# 6 lane trakmate???



## sidecar53 (May 14, 2006)

I've just built a small, 6 lane 4x8 dirt oval. I thought that with something that small, we wouldn't need to count laps. I was wrong. My 60 foot 6 lane roadcourse has a trackmate system and at $249 us, I can't really afford to buy another. My question is- am I wrong in thinking that all I would really need is a light gantry and another set of infrared sensors to use the system on my dirt track? I think it would just be a matter of disconnecting the roadcourse sensors from the computer and connecting the dirt track ones. Please give me your thoughts on this. Thanks 
Rick @ Rose City Motorplex (and Renegade Raceway)


----------



## Rick Voegelin (Oct 27, 2006)

Yes, this will work just fine if you plug the new sensor cable into your interface board. If you use the same lane designations and numbering as your road course, you won't even have to change the setup. Just plug and race!

Enjoy!
Rick V.


----------



## sidecar53 (May 14, 2006)

Thanks, Rick. Gonna order the sensor cable tomorrow.


----------



## Rick Voegelin (Oct 27, 2006)

sidecar53 said:


> Thanks, Rick. Gonna order the sensor cable tomorrow.

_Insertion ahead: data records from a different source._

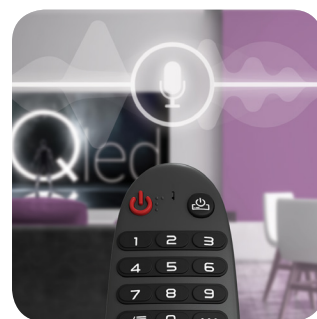

Dobrodošli u webOS

webOS je inteligentni TV operativni sistem, dizajniran da pruži odlično audio-vizuelno iskustvo i podrži televizijsko emitovanje širom sveta. On podržava Dolby audio, HDR, HLG, kao i neke od najpopularnijih svetskih aplikacija: Netflix, YouTube, Prime video itd.

Moćan muzički ugođaj

Snažno audio pojačalo D klase i moćni BOX zvučnici pretvoriće vašu dnevnu sobu u pravi podijum za igru! Ovaj TV će vas oduševiti odličnim zvukom, a aplikacija Muzički plejer je takođe ono što podiže iskustvo uživanja u omiljenim melodijama na drugi nivo: koristeći je, možete da slušate muziku sa televizora čak i kada je ekran ugašen.

AI sistem za prepoznavanje glasa

Ugrađeni ThinQ AI sistem za prepoznavanje glasa podržava više od 13 različitih jezika. Od opcija pretrage do funkcija menija, možete da kontrolišete TV, tražite informacije, pušate muziku ili pretražujete filmove i serije jednostavno govoreći u mikrofonski magičnog daljinskog upravljača.
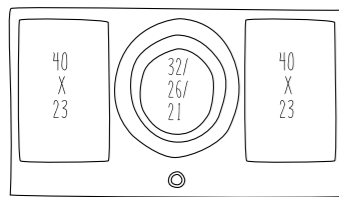

- TwistPad®
- CookConnect
- 2 FlexInduction zoner
- 1 stor expanderbar zone
- PowerBoost & PanBoost
- StegeSensor
- ChefMove
- Børnesikring

Vejl. pris kr. **19.299**

The only thing to be careful of is that Daniel has changed from a serial port interface to a USB plug (since not many computers have serial ports these days). The interface boards use different sensor cable plugs . . . so a cable for a serial port board won't work with a USB interface board, and vice versa. Depending on which interface you have, the new cable/sensor may not plug into your board.

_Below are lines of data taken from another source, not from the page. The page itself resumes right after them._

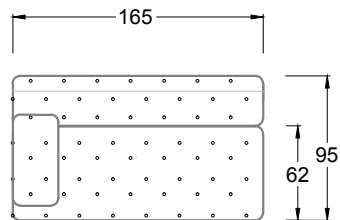

**LES CANAPES, MERIDIENNES ET CANAPES PANORAMIQUES COCOA ISLAND - DES ICONES DE L'ARTISANAT DU CAPITONNAGE** Le Chesterfield revisité. Différentes profondeurs d'assise sont disponibles, à savoir 62 ou 95 cm pour vos envies de lounge ou EN NOUVEAUTÉ, une profondeur étonnante de 163 cm (« style DAY BED ») et peuvent être combinées les unes aux autres. Dimensions personnalisables : selon des paliers de 33 cm. Canapés à partir de 99 cm (avec 2 accoudoirs à partir de 165 cm), extension latérale à partir de 191 cm. Des centaines de boutons sont ancrés un à un à la main dans le rembourrage. D'une décontraction et d'une modernité inégalées, la nouvelle interprétation de ce classique confortable et douillet vous permet d'agencer votre canapé ou canapé d'angle d'innombrables façons, avec ou sans accoudoirs. Chaque élément peut être disposé seul, utilisé comme pièce centrale ou d'extrémité, et être agrandi par palier de 33 cm. Cela confère une nouvelle dimension aux instants passés avec votre famille, vos amis ou vos partenaires d'affaires.

A 119 COCOA ISLAND > 71 CM ↑ 85 CM ▲ 101 CM  
STOFF · TISSU · FABRIC 66 8430 / 68 1035

ULI-S-VRE 119 COCOA ISLAND > 257 CM ↑ 290 CM ▲ 80 CM  
STOFF · TISSU · FABRIC 66 8438

TNli

TN

TNre

UNli

UN

UNre

I'd suggest you call Trackmate to make sure that the cable he is selling now is compatible with your interface board before ordering. Or if you have a serial board, he might have an old-style cable in stock.

The software will work with either serial or USB board . . . in fact, I prefer the older software, the newer version had some bugs (won't do timed practice rotation, for example).

Hope this helps,
Rick V.


----------



## Black Oxxpurple (Jul 3, 2011)

However, providing that the computer has a free slot available, you can still pick up an expansion board with two serial ports on it.


----------



## Rick Voegelin (Oct 27, 2006)

Black Oxxpurple said:


> However, providing that the computer has a free slot available, you can still pick up an expansion board with two serial ports on it.

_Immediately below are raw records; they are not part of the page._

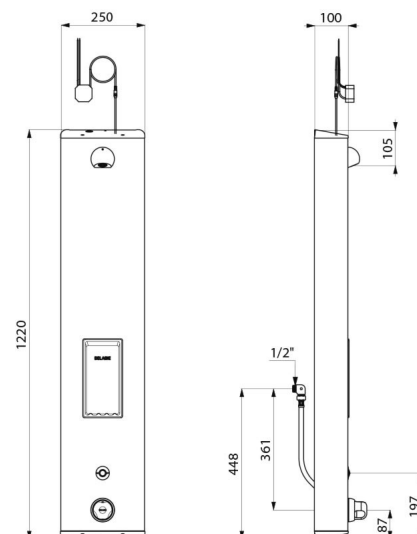

ТЕХНИЧЕСКИЕ ХАРАКТЕРИСТИКИ

Душевая панель SECURITHERM - Арт. 792514

Подключение	От сети 230/6V
Соединение	M1/2"
Технология	Сенсорная
Высота	1220 мм
Глубина	100 мм
Ширина	250 мм
Расход	6 л/мин
Ограничение температуры	Термостатическое
Покрытие	Нержавеющая сталь

ПРЕИМУЩЕСТВА

Экономия воды до 80%

Ополаскивание как антибактериальная профилактика

Термостатическая регулировка температуры

Мгновенная остановка при перекрытии холодной воды

The issue isn't the computer board . . . it's the Trackmate interface board that connects to the sensor cable on one side and the computer on the other. The original Trackmate board and cable had a 25-pin plug like a parallel printer port, while the new interface uses a Cat-5 style connector for the sensor cable.

You can run an old Trackmate board with a serial port connector on a USB-equipped computer by using a serial-to-USB adapter (although in my experience, this sometimes isn't a stable connection).

Hope this helps,
Rick V.


----------



## Rich Dumas (Sep 3, 2008)

All you need is the wire that goes from the sensors to the interface board. The red older type of board had a serial output and the input side takes a DB-25 connector. The wire from the sensors has a Cat-5 connector at the end and that plugs into a Cat-5 to DB-25 adapter. In my case the adapter also includes the components needed when you are using dead strips. The newer black interface board has a USB output and I believe that the input uses a Cat-5 connector. I use a serial to USB adapter dongle to connect the red interface board to my laptop computer.


----------



## Rick Voegelin (Oct 27, 2006)

That is a great tip on using a Cat-5 to DB-25 adapter, Rich! I did not know that such a thing existed . . . now I know how to use my old sensor cables with the new black interface board.

Thanks!
Rick V.


----------